Extracted records
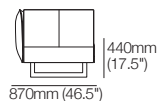

Zaza Chairs | Sofas

Leather detail indicated

Armchair
Standard Seat
with AB770 (Arm)
Side View
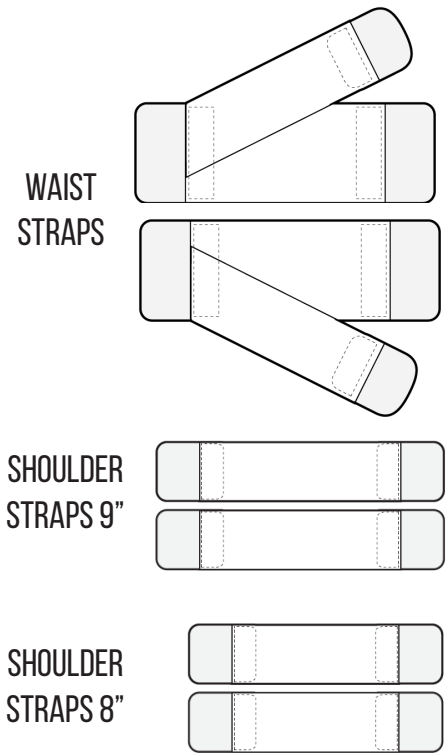

PLATE POCKET RESTRICTIONS

Key: 5x7", 5x8"
 5x7", 5x8", 7x9"

5x7", 5x8", 7x9", 10x12"

Front *Applicable to Male Sizes										
Girth	16	18	20	22	24	26	28	30	32	34
Length	10	10	10	10	11	11	11	11	12	12
	11	11	11	11	12	12	12	12	13	13
	12	12	12	12	13	13	13	13	14	14
	13	13	13	13	14	14	14	14	15	15
	14	14	14	14	15	15	15	15	16	19
	15	15	15	15	16	16	16	16	17	17
	16	16	16	16	17	17	17	17	18	18
	17	17	17	17	18	18	18	18	19	19

Back *Applicable to Male Sizes										
Girth	16	18	20	22	24	26	28	30	32	34
Length	12	12	12	12	13	13	13	13	14	14
	13	13	13	13	14	14	14	14	15	15
	14	14	14	14	15	15	15	15	16	16
	15	15	15	15	16	16	16	16	17	17
	16	16	16	16	17	17	17	17	18	18
	17	17	17	17	18	18	18	18	19	19
	18	18	18	18	19	19	19	19	20	20
	19	19	19	19	20	20	20	20	21	21

LPC

LOW PROFILE CONCEALABLE

PRODUCT COMPONENTS - FEMALE

CARRIER FRONT

CARRIER BACK

WAIST STRAPS

SHOULDER STRAPS 9"

SHOULDER STRAPS 8"

COLORWAYS

Carrier	Black	Dark Navy	Tan	White
Trim	Black	Black	White	White
Swatch				

PLATE POCKET RESTRICTIONS

Key: 5x7"
 5x7", 5x8"

5x7", 5x8", 7x9"

Front *Applicable to Female Sizes

Girth	16	18	20	22	24	26	28	30	32
Length	9	9	10	10	10	10	10	11	11
	10	10	11	11	11	11	11	12	12
	11	11	12	12	12	12	12	13	13
	12	12	13	13	13	13	13	14	14
	13	13	14	14	14	14	14	15	15
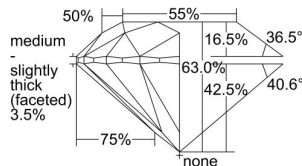

GIA®

FACSIMILE

GIA REPORT

7496840092

Verify this report at GIA.edu

GIA NATURAL DIAMOND DOSSIER®

July 04, 2024
GIA Report Number **7496840092**
Shape and Cutting Style ..... **Round Brilliant**
Measurements ..... **4.86 - 4.89 x 3.07 mm**

GRADING RESULTS

Carat Weight ..... **0.45 carat**
Color Grade ..... **D**
Clarity Grade **VVS1**
Cut Grade ..... **Excellent**

ADDITIONAL GRADING INFORMATION

Polish ..... **Excellent**
Symmetry ..... **Excellent**
Fluorescence ..... **Medium Blue**
Clarity Characteristics ..... **Pinpoint**
Inscription(s): **GIA 7496840092**

PROPORTIONS

Profile to actual proportions

GRADING SCALES

GIA COLOR SCALE

COLORLESS	D
	E
	F
	G
	H
	I
	J
NEAR COLORLESS	K
	L
Faint	M
	N
	O
	P
Very Light	Q
	R
	S
	T
	U
	V
Light	W
	X
	Y
	Z

GIA CLARITY SCALE

FLAWLESS	VERY VERY SLIGHTLY INCLUDED	VVS₁	
			VVS₂
INTERNALLY FLAWLESS	VERY SLIGHTLY INCLUDED	VS₁	
		VS₂	
SLIGHTLY INCLUDED	SLIGHTLY INCLUDED	SI₁	
		SI₂	
INCLUDED	INCLUDED	I₁	
		I₂	
		I₃	

GIA CUT SCALE

EXCELLENT	VERY GOOD	GOOD	FAIR	POOR
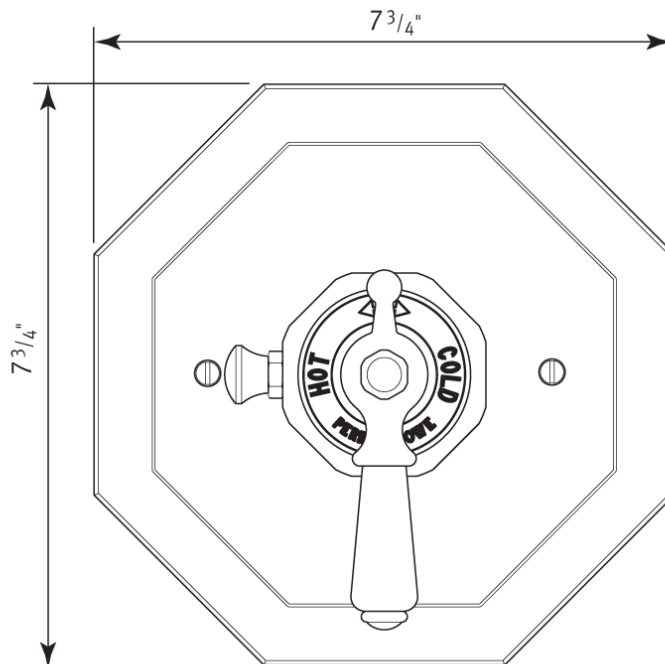

WARRANTY

- Limited Lifetime

WHAT IS REQUIRED: Find and copy every line in the entries above where the string "GRADING" occurs.

TASK ANSWER:
GRADING RESULTS
ADDITIONAL GRADING INFORMATION
GRADING SCALES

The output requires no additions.